Economy

House GOP Cuts To Nutrition Assistance Equal To One Week Of Bush Tax Cuts For Millionaires

House Republicans, as part of their 2012 budget, have proposed dramatic cuts to food assistance programs, including cuts to the Special Supplemental Nutrition Program for Women, Infants, and Children (WIC) that would prevent hundreds of thousands of eligible women and their children from accessing the program. Late last month, the House Appropriations Committee approved more than $830 million in cuts to WIC and millions more in cuts to the Emergency Food Assistance Program and the Commodity Supplemental Food Program.
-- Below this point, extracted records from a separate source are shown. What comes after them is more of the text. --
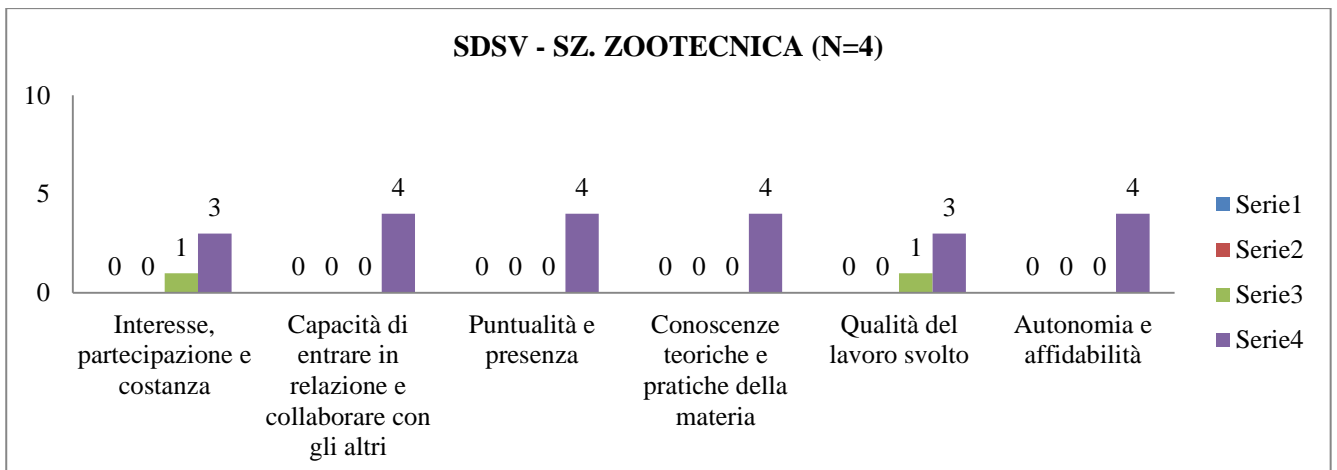

▪ ZOOTECCIA

**UNIVERSITÀ DEGLI STUDI DI TORINO**  
**SAMEV**  
**SCUOLA di AGRARIA e MEDICINA VETERINARIA**  
 Largo Paolo Braccini, 2 – 10095 Grugliasco (TO) IT

**UNIVERSITÀ DEGLI STUDI DI TORINO**  
**SAMEV**  
**SCUOLA di AGRARIA e MEDICINA VETERINARIA**  
 Largo Paolo Braccini, 2 – 10095 Grugliasco (TO) IT

▪ **MALATTIE INFETTIVE DEGLI ANIMALI DOMESTICI**

**UNIVERSITÀ DEGLI STUDI DI TORINO**  
**SAMEV**  
**SCUOLA di AGRARIA e MEDICINA VETERINARIA**  
 Largo Paolo Braccini, 2 – 10095 Grugliasco (TO) IT

**UNIVERSITÀ DEGLI STUDI DI TORINO**  
**SAMEV**  
**SCUOLA di AGRARIA e MEDICINA VETERINARIA**  
 Largo Paolo Braccini, 2 – 10095 Grugliasco (TO) IT

To cut these programs with so many families still feeling the effects of the Great Recession is a travesty. But to do so after spending tens of billions of dollars to extend tax cuts for the richest 2 percent of Americans, as Republicans forced Congress to do back in December, is even worse. CAP’s Melissa Boteach and Seth Hanlon found that the cost of the GOP cut to WIC is equivalent to the cost of extending the Bush tax cuts for millionaires alone for just one week:

The deal struck last December to extend the tax cuts enacted under President George W. Bush gave the average millionaire a tax break of $139,199 for 2011, according to the Tax Policy Center, or nearly $2,700 per week. Given that about 321,000 households reported incomes of more than $1 million in the most recent year for which there are data from the Internal Revenue Service, that means the Bush tax cuts provide millionaires with about $860 million in tax breaks every week—more than enough to stave off the $833 million in proposed cuts to WIC.

Economists have estimated that every dollar invested in WIC “saves between $1.77 and $3.13 in health care costs in the first 60 days after an infant’s birth by reducing the instance of low-birth-weight babies and improving child immunization rates.”

The Hill reported today that Rep. Rosa DeLauro (D-CT) convinced GOP appropriators to reinstate $147 million of their $833 million in cuts to WIC, but she is not optimistic that the money will ultimately be approved on the House floor. “I don’t think [the Republicans] will let it stand. I think they will attack it on the floor,” DeLauro said.